Великая человеческая печаль заключается в ранней смерти Иосифа Бродского. И сейчас, спустя четырнадцать лет после его смерти, в русской поэзии неизменно продолжает ощущаться некая пустота. Поэзия вроде бы продолжается, но она стала похожа на заводь, на дне которой бьют несколько десятков ручейков. Больше у этой заводи нет главного течения, а потому выплыть на стрежень невозможно. Происходят разнообразные мутации, самого разного пошиба: талантливые, симпатичные, второстепенные, графоманские, – но если бросить плот, связанный из тяжёлых брёвен, то его никакая сила по течению не потащит. Видимо, так и должно быть после того, как окончилась миссия такого выдающегося поэта, каким был Бродский. Нам остаётся ждать какого-то иного большого явления или даже не явления, а какой-то идеи, которая со временем образовала бы это новое течение.
Бродский прошёл несколько очень отчётливых этапов, причём в юности эти этапы у него довольно часто сменялись. Потом он уже сформировал свой собственный стиль. Однако последние, скажем, двадцать – двадцать с чем-то лет у него таких этапов не было. Менялись всякого рода настроения. Но сердцевина, в смысле идеологии, и техника уже были однажды созданы, и он их, на мой взгляд, практически не менял. А вот в молодости, он, как Пикассо, прошёл довольно быстро несколько периодов, которые друг на друга совершенно не похожи.
Когда я с ним познакомился, а это был сентябрь 59-го года, он писал такие стихи, которые потом сам же терпеть не мог и, я думаю, никогда бы не напечатал.
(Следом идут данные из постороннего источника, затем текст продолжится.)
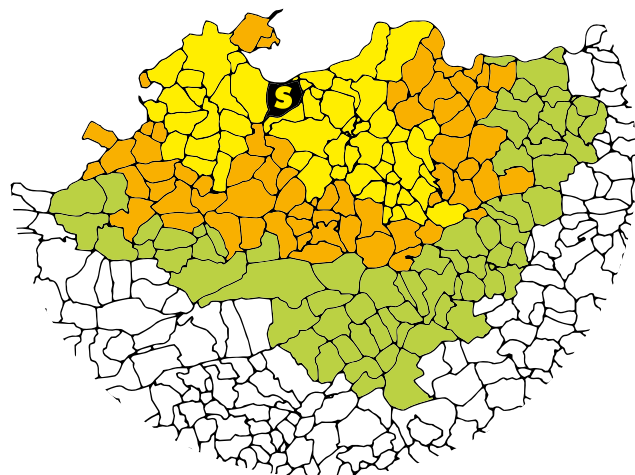

LIEFERT UND ENTSORGT

Zonenplan Surer-Mulden

T 061 823 24 60

www.surer.ch/muldenservice

1		2		3	
Aesch (BL)	Liestal	Anwil	Maisprach	Aarburg	Liesberg
Allschwil	Magden	Arboldswil	Mariastein	Balstahl	Lostdorf
Arisdorf	Möhlin	Bättwil-Flüh	Metzerlen	Bärschwil	Meltingen
Arlenheim	Münchenstein	Bennwil	Mumpf	Beinwil (SO)	Mümliswil-Ramiswil
Augst	Muttenz	Bettingen	Münchwilen	Boningen	Murgenthal
Basel	Nusshof	Blauen	Nenzlingen	Bözen	Neuendorf
Biel-Benken	Oberwil	Breitenbach	Niederdorf	Büsserach	Niederbuchsiten
Binningen	Olsberg	Bretzwil	Nuglar	Däniken	Niedergösgen
Birsfelden	Ormalingen	Brislach	Nunningen	Densbüren	Oberbuchsiten
Böckten	Pfeffingen	Büren	Oberdorf (BL)	Dulliken	Obererlinsbach
Bottmingen	Pratteln	Burg im Leimental	Obermumpf	Effingen	Obergösgen
Bubendorf	Ramlinsburg	Buus	Oltingen	Elfingen	Oberhof
Buckten	Reinach (BL)	Dittingen	Reigoldswil	Erlinsbach (AG)	Oensingen
Diegten	Rheinfelden	Egerkingen	Riehen	Erlinsbach (SO)	Oeschgen
Diepfligen	Rickenbach (BL)	Eiken	Rodersdorf	Erschwil	Oftringen
Dornach	Rothenfluh	Eptingen	Rohr	Fehren	Olten
Duggingen	Rümlingen	Gempen	Schönenbuch	Frick	Rickenbach (SO)
Ettingen	Rünenberg	Grellingen	Schupfart	Fulenbach (SO)	Röschenz
Frenkendorf	Seltisberg	Hauenstein-Ifenthal	Seewen	Gipf-Oberfrick	Rothrist
Füllinsdorf	Sissach	Hellikon	St. Pantaleon	Gretzenbach	Schönenwerd
Gelterkinden	Tecknau	Himmelried	Titterten	Grindel	Sisseln
Giebenach	Tenniken	Hochwald	Waldenburg	Gunzgen	Starrkirch-Will
Häfelfingen	Therwil	Hofstetten	Wallbach	Hägendorf	Stein
Hemmiken	Thürnen	Hölstein	Wegenstetten	Härkingen	Stüsslingen
Hersberg	Wintersingen	Kienberg	Wenslingen	Herznach	Trimbach
Ittingen	Wittingsburg	Kilchberg	Wisen	Holderbank	Ueken
Kaiseraugst	Zeglingen	Lampenberg	Witterswil	Hornussen	Wahlen
Känerkinden	Zunzgen	Läufelfingen	Wittnau	Ittenthal	Wangen bei Olten
Lausen		Laufen	Zeiningen	Kaisten	Winznau
		Lauwil	Ziefen	Kappel	Wölflinswil
		Leidertswil	Zuzgen	Kestenholz	Wolfwil
		Lupsingen	Zwingen	Kleinlützel	Wynau
				Laufenburg

Он был тогда совсем молодым человеком, ну, может быть, и не молодым для поэзии, потому что поэзия – удел молодых, но ему было уже восемнадцать-девятнадцать лет, и он больше всего увлекался модернистской западной поэзией – околореволюционной, потому что никакую другую у нас в те времена не переводили.
Это были Назым Хикмет, Пабло Неруда, Яннис Рицос. С точки зрения европейца, западного человека, это были очень большие поэты. Неруда и Рицос – нобелевские лауреаты, и они, видимо, действительно большие поэты, хотя мы знаем их в переводах. Иосиф был их явным подражателем, хотя и Неруда, и Хикмет, и Рицос, и окружающие их поэты все писали свободным стихом. Иосиф же в это время почти не использовал свободный стих, он писал нормальные русские стихи, регулярным стихом, с рифмой, от этих стихов мало что осталось. Я даже затрудняюсь сейчас привести какой-то пример, но параллельно он писал своих «Пилигримов».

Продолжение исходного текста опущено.